Winston reached out and gingerly pulled the revolver out of his hands. The officer buried his head in his hands and cried.
“How did he do this?” asked Winston, as they stumbled their way through the nightmare of insanity.
“How?” said Tory. “How many thousands of people could you have paralyzed if you wanted to? How many plague epidemics could I have started?
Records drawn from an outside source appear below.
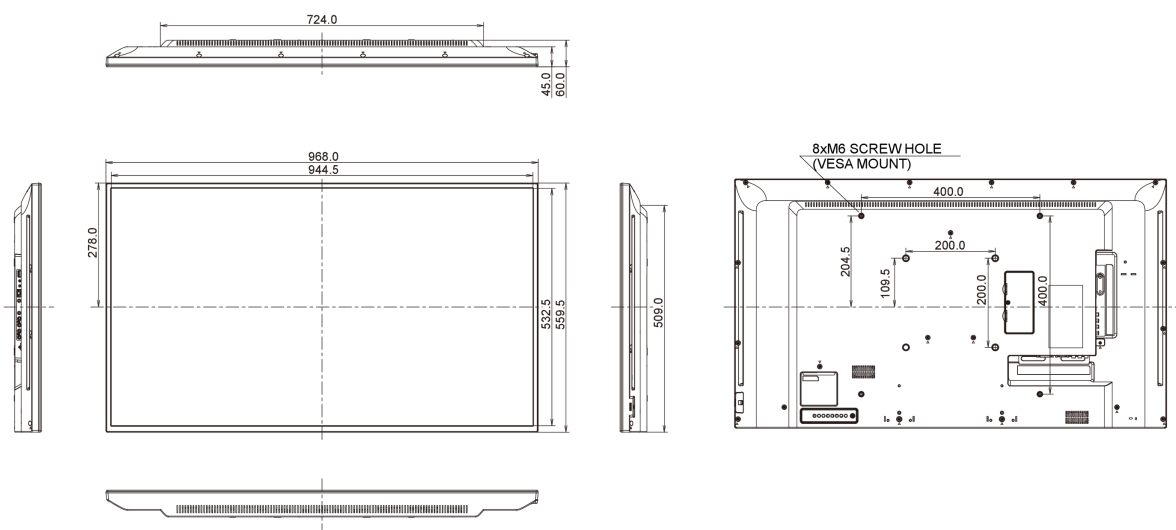

08 СТАНДАРТЫ

Сертификаты	CE, TÜV-Bauart, EAC, RoHS support, ErP, WEEE, REACH
REACH SVHC	свинца, превышает 0.1%

09 РАЗМЕР / ВЕС

Размер продукта Ш x В x Г	968 x 559.5 x 61мм
Размер коробки Ш x В x Г	1070 x 696 x 159мм
Вес (без упаковки)	8.7кг
Вес (с упаковкой)	10.75кг
EAN код	4948570119493
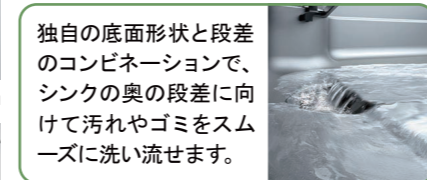

※表示寸法は内寸法です。深さ約19.5cm
※水栓の位置は左右が選べます。

ステンレス排水口
スキットシンク

シンクの中のお手入れもシンクまわりの片づけも、スキットとはかどるシンクです。

まな板スタンド付ワイヤーポケット

■ガスコンロ

トップ: シルバー フェイス: シルバー
トップ間口 60cm レンジフード連動なし
3口コンロ・ガラストップタイプ (無水片面焼グリル) Y33
H1633COW2VUX ハーマン製

The only difference between him and us,” she said, “is that we didn’t want to.”
About three blocks away from the wreckage, sanity seemed intact. People gawked and chattered and paced, but not with the same mindless chaos that surrounded the site of destruction.
As they left the insanity circle, it was Lourdes who took a moment to look back. In the midst of the rubble, the only thing left standing was the seven-story sliver that had been the corner of the Dakins storage building.
“Clutch player?” Michael suggested with a grin.
“Maybe,” said Lourdes. “I was thinking that it looks like a tower. A tower that was struck by lightning.”
As the sound of approaching sirens filled the air, Tory turned to the others. “I don’t think those things died,” she told them. “I mean if we’re alive, then they’re probably alive, too. I think they bailed because they thought they were going to get blown up. The explosion scared them out. . . but that doesn’t mean they’re gone for good.”
Tory touched her face, to make certain that the pain there was still slipping away. “We still may have to fight those things,” she said. “But maybe when the six of us are together—"
“When the six of us are together,” said Winston, feeling the weight of the revolver in his pocket, “I’m gonna send that red-headed son of a bitch where he belongs.”